Thursday, January 02, 2014

Fighting Intensifies in Central African Republic

Last updated: January 2, 2014 4:35 pm

Fighting intensifies in Central African Republic

By Javier Blas, Africa Editor, and Hugh Carnegy in Paris

Intensifying fighting in the Central African Republic is posing a serious challenge to thousands of French and African troops struggling to restore stability in the lawless country.

Paris deployed 1,600 troops to its former colony in early December with UN Security Council approval to help a 4,500-strong African force. But they appear unable to stop the fighting, with aid organisations pointing to increasing levels of violence.

The situation is causing deep concern in Paris. Two French soldiers have been killed to date and nine soldiers from the Republic of Congo and Chad were killed over the past month.

“It is a very bad situation and it is not clear how it is going to end,” says François Heisbourg, special adviser at the Foundation for Strategic Studies in Paris.

The number of civilians fleeing their homes has increased sharply, aid groups and the UN have said. The UN said that roughly 800,000 people had been forcibly displaced so far, equal to almost 20 per cent of the country’s population. Tens of thousands are seeking shelter in Bangui, the capital, with more than 100,000 people camped out at the city’s airport, crowding there to seek the protection of French forces securing the airfield.

The situation in Bangui, where most foreign troops are based, appears “to be out of control”, Médecins Sans Frontières, the medical charity, said this week. In spite of the presence of international armed forces in the capital, violent attacks and lynchings were still a daily occurrence, it added.

Souleymane Diabate, the head of Unicef, the UN children’s agency, in the Central African Republic said the organisation was “witnessing unprecedented levels of violence”, particularly against children.

“Attacks against children have sunk to a vicious new low, with at least two children beheaded,” he said.

The Central African Republic, a landlocked country in the centre of the continent, has been beset by nine months of near anarchy since the Seleka group, a mainly Muslim alliance of five rebel movements, seized Bangui in March and ousted François Bozizé, a Christian, as president. The rebels propelled into power President Michel Djotodia, the first Muslim president of the majority Christian country.

However, Mr Djotodia has lost control of the Seleka and their widespread acts of banditry have provoked reprisals from Christians militias, known as anti-balaka – literally, “anti-machete” – and launched a cycle of tit-for-tat attacks with Muslim fighters.

By December, concern that a power vacuum in the country could attract organised Islamist groups to set up and destabilise neighbouring states prompted François Hollande, the French president, to launch his second military intervention in Africa within a year.

The operation is on a smaller scale than the January 2013 intervention in Mali to oust Islamist groups threatening to take over the country, also a former French colony.

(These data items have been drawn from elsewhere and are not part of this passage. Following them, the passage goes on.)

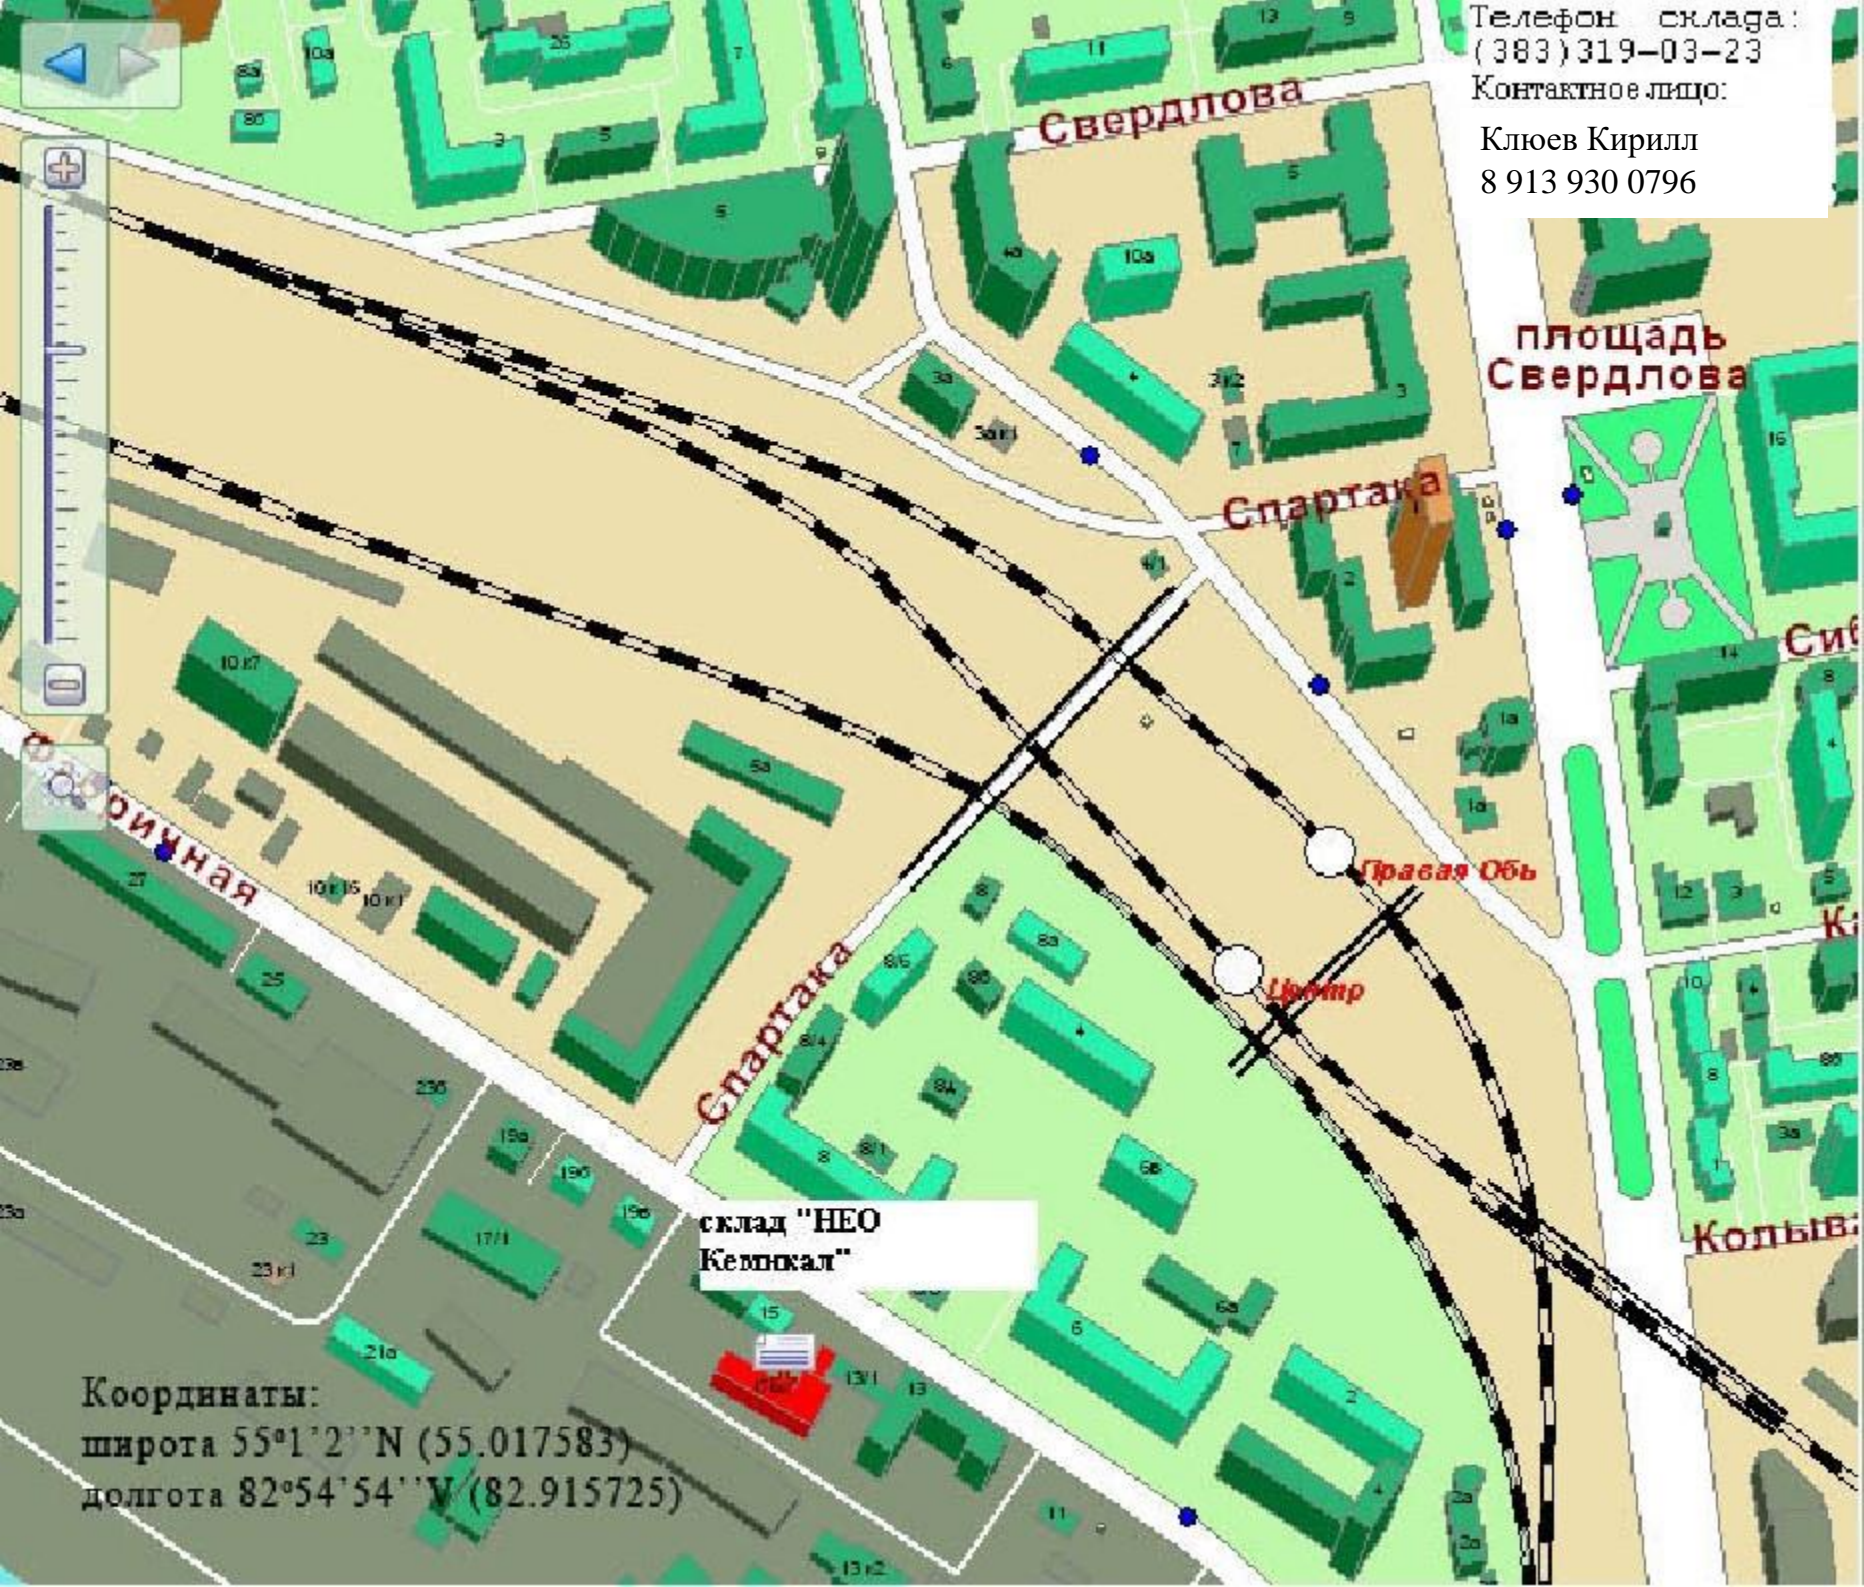

Телефон склада:  
(383) 319-03-23  
Контактное лицо:  
Клюев Кирилл  
8 913 930 0796

склад "НЭО  
Кемпкэл"

Координаты:  
широта 55°1'2"N (55.017583)  
долгота 82°54'54"V (82.915725)
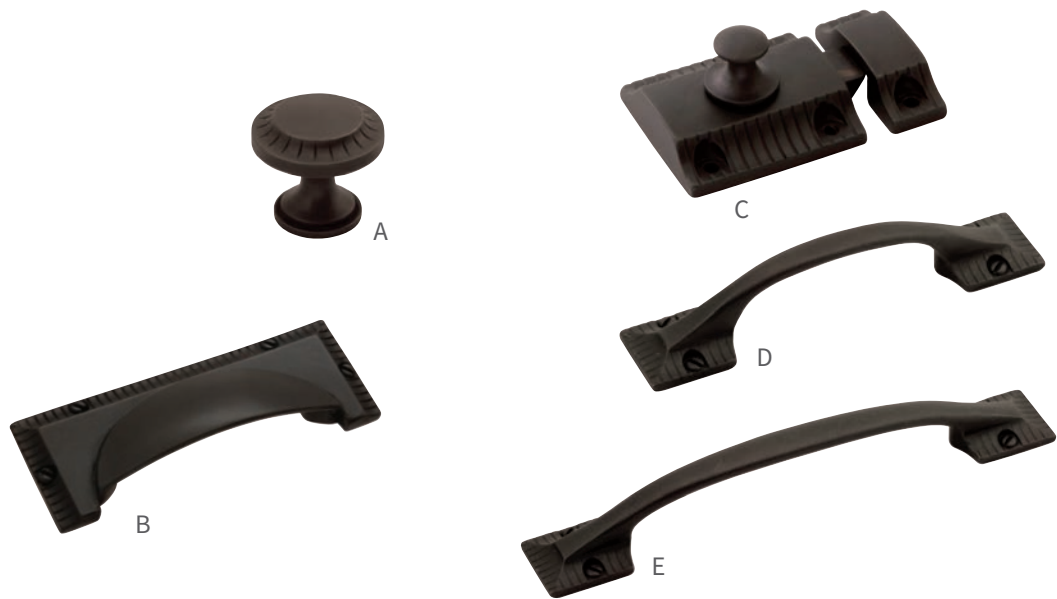

BI - Black Iron

A B056553-BI D: 1-3/16" P: 1-1/8" B: 13/16" B B056554-BI C/C: 3" L: 4-11/16" W: 1-11/16" P: 7/8"	C B056714-BI L: 2-7/16" W: 1-9/16" P: 1" D B056555-BI C/C: 3" L: 5-1/16" W: 1-1/16" P: 1"	E B056649-BI C/C: 128mm L: 7-1/16" W: 1-1/16" P: 1"
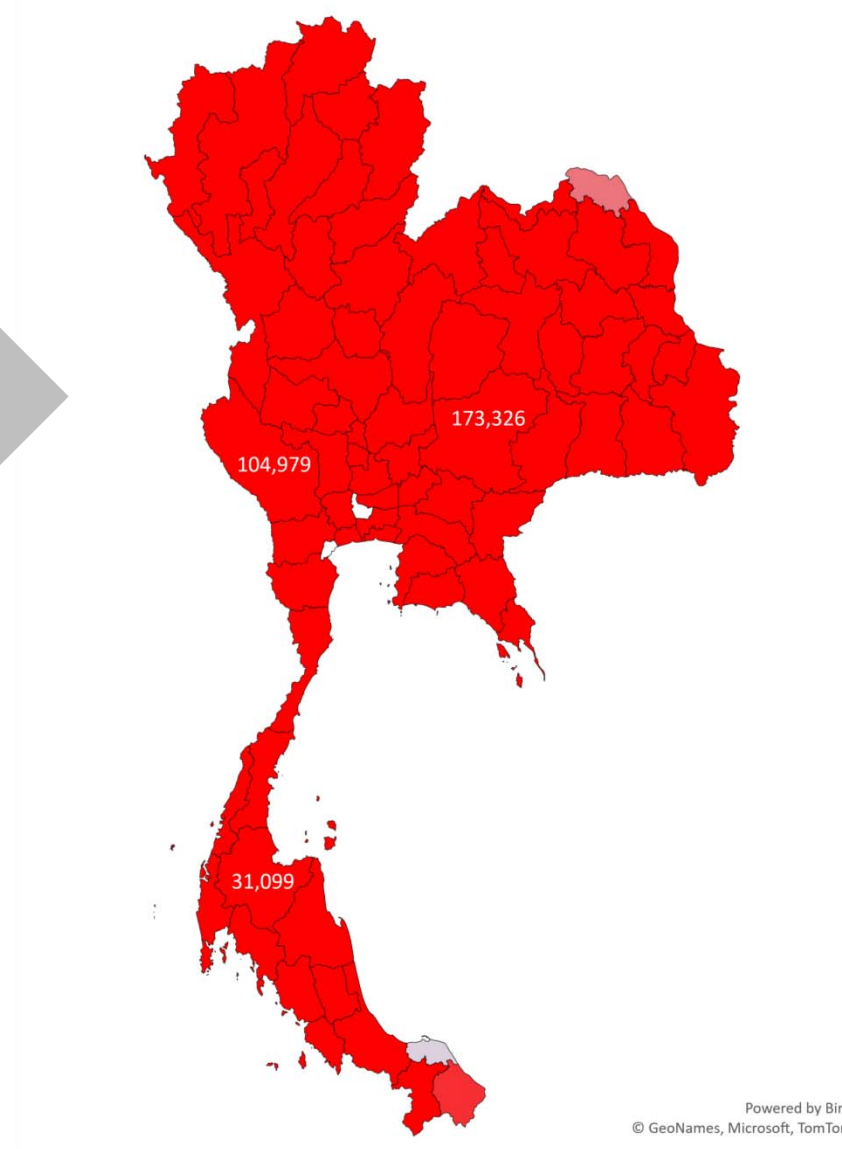

ปริมาณสัตว์เคลื่อนย้ายปลายทาง

Content.เดือน	เมษายน
Content.รวม 3	สุนักร

จำนวน	Total

นครปฐม	291,758
นครราชสีมา	173,326
ลพบุรี	149,262
ราชบุรี	129,387
ฉะเชิงเทรา	109,811
สระแก้ว	108,535
กาญจนบุรี	104,979
สมุทรปราการ	83,464
เชียงใหม่	82,503
กำแพงเพชร	77,696
ขอนแก่น	71,870
ชลบุรี	70,816
สุพรรณบุรี	68,550
จันทบุรี	59,298
ปทุมธานี	56,945
พัทลุง	54,677
นครสวรรค์	48,465
เชียงราย	46,377
ปราจีนบุรี	43,300
พิษณุโลก	41,995
ยโสธร	41,515
สระบุรี	38,381
เพชรบูรณ์	37,180
อุบลราชธานี	35,857
ชัยนาท	35,216
หนองคาย	35,160
สุราษฎร์ธานี	31,099
ชัยภูมิ	26,787
ตาก	26,459
ระยอง	25,945
สุโขทัย	25,498
ลำพูน	24,796
นครศรีธรรมราช	21,964
ลำปาง	21,962
อุดรธานี	18,471
กรุงเทพมหานคร	17,610
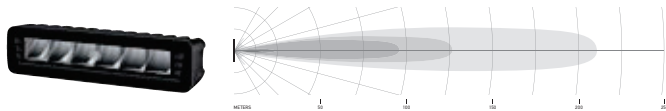

7" Black Magic Edgeless Pro Mini Werklamp spot
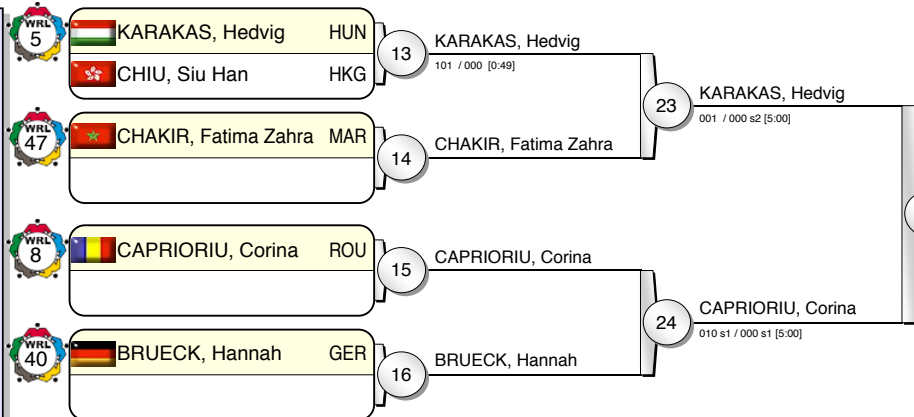

IJF Grand Prix Duesseldorf 2010

(GER Duesseldorf, 20-21 February 2010)

-57 kg

21 Judoka

Pool A

Pool B

Pool C

Pool D

MATSUMOTO, Kaori JPN 31
101 / 000 s2 [4:36]

Results

- MATSUMOTO, Kaori JPN
- MONTEIRO, Telma POR
- TOKUHISA, Hitomi JPN
- CAPRIORIU, Corina ROU
- ZABLUDINA, Irina RUS
- HAREL, Barbara FRA
- MELNIKOVA, Ekaterina RUS
- KARAKAS, Hedvig HUN

Mr Hollande last month said France’s short-term aim was to end the violence to allow humanitarian agencies to get food and medical aid to the population. But he added that the longer-term aim was to replace Mr Djotodia and his regime through elections intended to be held by February 2015.

French officials say this remains the intention. But they acknowledge that the situation on the ground is fraught. “A climate of fear reigns in Bangui,” said one.

Mr Heisbourg says Paris underestimated the scale of the task, only the latest of multiple French interventions since the chronically unstable country gained independence in 1960.

“In the past 1,600 French soldiers was sufficient to deal with anything in the Central African Republic. That calculation was badly wrong this time,” he said.

He said a foreign force, ideally under a European flag, of some 5,000-6,000 was needed to restore order.

EU foreign ministers are due to meet on January 20 to discuss stepping up backing for the French action. French officials are seeking more logistical and financial support. Laurent Fabius, foreign minister, has talked of other European countries contributing some troops on the ground. But there seems little prospect of any significant such contribution.